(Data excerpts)
==========
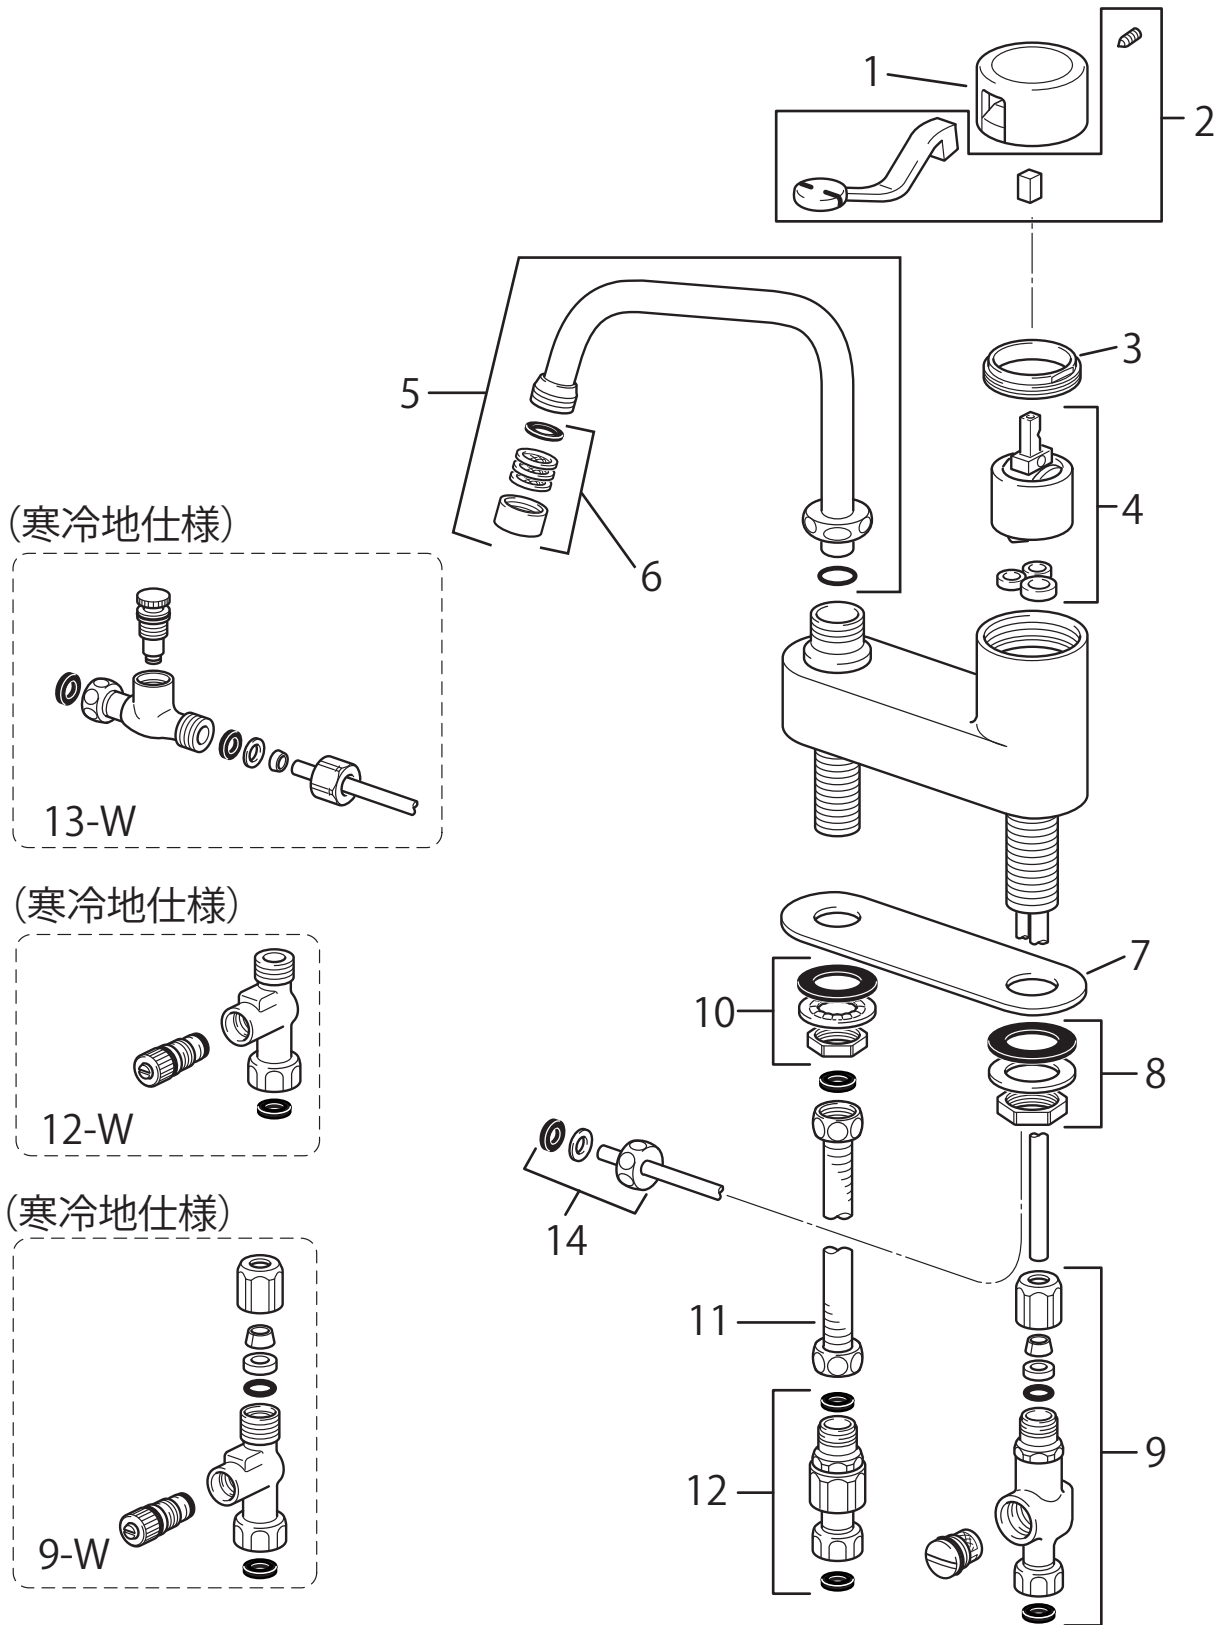

# 分解図

キッチン

小型電気温水器用シングルレバー式混合栓 ※下げ吐水仕様

製品  
品番

FMW722  
FMW722-Wカン

**KVK**  
(旧MYM品)

※掲載内容は予告なく変更する場合がありますのでご了承ください。  
※設計変更又は部品の供給期間を過ぎた場合等により、部品が供給できない場合がありますのでご了承ください。

# 部品一覧表

KVK

番号	品番	品名	希望小売価格	税込価格	備考
1	KP839-9	カートリッジカバー			廃番商品
2	KP37	操作レバー組			廃番商品
3	KPS702	カートリッジ押え			廃番商品
4	KPS072	セラミックカートリッジ			廃番商品
5	KPP156	吐水パイプ組	¥ 6,000	¥ 6,600	
6	KP881A	吐水口金具組			廃番商品
7	KPS1343	トップシールパッキン			廃番商品
8	KPS669	固定ナットセット			廃番商品
9	K881-13	逆止ストレーナ			廃番商品
9-W	K891-13	逆止ストレーナ(寒)			廃番商品
10	KPS595A	固定ナットセット			廃番商品
11	HS30-13	フレキ管			廃番商品
12	K889-13-T74	アダプター			廃番商品
12-W	K891A-13-T77	アダプター(寒)			廃番商品
13-W	K880N-13	水抜き(寒)			廃番商品
14	KPS1614	袋ナットセット			廃番商品
==========
• **WHAT THIS TASK INVOLVES**: Copy from the entries above each line in which the string "固定ナットセット" can be found.

• **ANSWER SECTION**:
8	KPS669	固定ナットセット			廃番商品
10	KPS595A	固定ナットセット			廃番商品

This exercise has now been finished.